As the holiday season approaches, thousands of online marketers are asking themselves the same question:
“How many times can we email our customers without ticking them off?”
Email your customer base too little, and you’re leaving money on the table – a bad thing for all those dot-coms that know this holiday season is their last chance for survival.
Email your customers too often, and you’ll leave less on the table come the holidays. In the long run, however, your attrition rates will go through the roof, and you’ll have damaged the only real asset you have: the trust of your customers.
Tough call.
Makes you wish you ran a corner store instead. The thing about a corner store is that people walk by your door every day. On the way to work. To catch a bus. To visit friends. Or while driving the kids to soccer practice.
A brick-and-mortar store is out there, in real life and in plain sight, and customers don’t need to be reminded about the store’s existence over and over again.
An online store, however, is there only when people type in your domain name or click on your link. You depend on people sitting down in front of their computers, logging on, and coming to your site.

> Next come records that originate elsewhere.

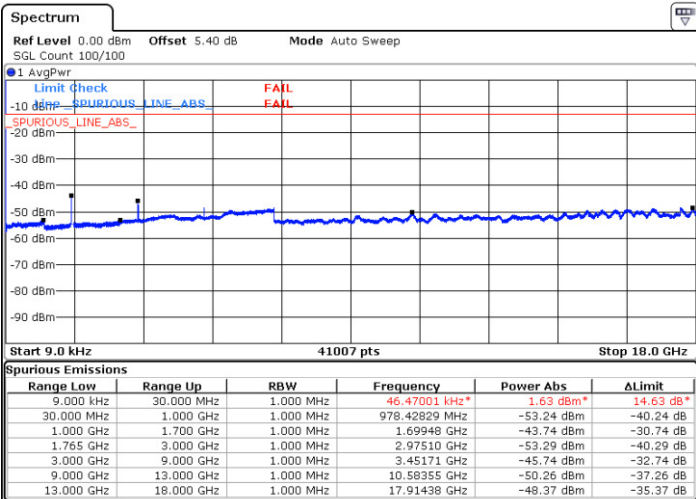

Lowest Channel / QPSK

Date: 2.MAR.2017 01:40:12

Lowest Channel / 16QAM

Date: 2.MAR.2017 01:41:02

LTE Band 4 / 10MHz

Middle Channel / QPSK

Middle Channel / 16QAM

Date: 2.MAR.2017 01:41:56

Date: 2.MAR.2017 01:42:40

Highest Channel / QPSK

Highest Channel / 16QAM

Date: 2.MAR.2017 01:43:33

Date: 2.MAR.2017 01:44:19

LTE Band 4 / 15MHz

Lowest Channel / QPSK

Lowest Channel / 16QAM

Date: 2.MAR.2017 01:45:25

Date: 2.MAR.2017 01:46:15

Middle Channel / QPSK

Middle Channel / 16QAM

Date: 2.MAR.2017 01:47:06

Date: 2.MAR.2017 01:47:49

LTE Band 4 / 15MHz

Highest Channel / QPSK

That’s a tough thing. Because it means that to keep people coming back, you have to keep sending out those emails. And every time you send out an email, you put your permission at risk. Make an appearance in my inbox too frequently and I’ll find out wherever it is you’ve tucked away that “Don’t bug me any more with your pesky emails” button.
“OK, no problem,” you say. “For this season, let’s just take a look at what we did last year. We can do that again this time.”
Well, probably not. Because the landscape has changed in the last 12 months. Since the last holiday season, it seems that an extra few million e-tailers have woken up and thought, “Hey, this email thing’s cool. Cheap, too. Let’s send emails — lots of ’em! — out to all our customers.”
The trouble is, their customer list overlaps with your customer list. Which means all those millions of customers will be getting a whole lot more emails this holiday season than they did last time.
Recently I had to stick my neck out and suggest to an e-tailer just how many times it should be emailing its customers over the next two-and-a-half months. I figured once every two weeks.
Is that figure right for you? I don’t know. You’ll have to figure it out yourself. But I wouldn’t try emailing people more than you did last year.
And I’d also be careful not to push too hard.
I don’t know about you, but I notice when an e-tailer starts pushing a little harder. One day the tone and style is friendly, one-to-one, conversational. The next day it’s all sales-speak and “Buy now!” And my guess is that a lot of other people notice it, too.
So here’s your “rock and a hard place” question for the holiday season:
Do you send out more emails now in a smash-and-grab rush to make as much as you can and keep your dot-com afloat a little longer?
Or do you protect that key asset — your customers’ trust — and hold back a little, showing some restraint and respect?
Well, I guess it depends on your situation. But if you possibly can, I’d advise the latter approach.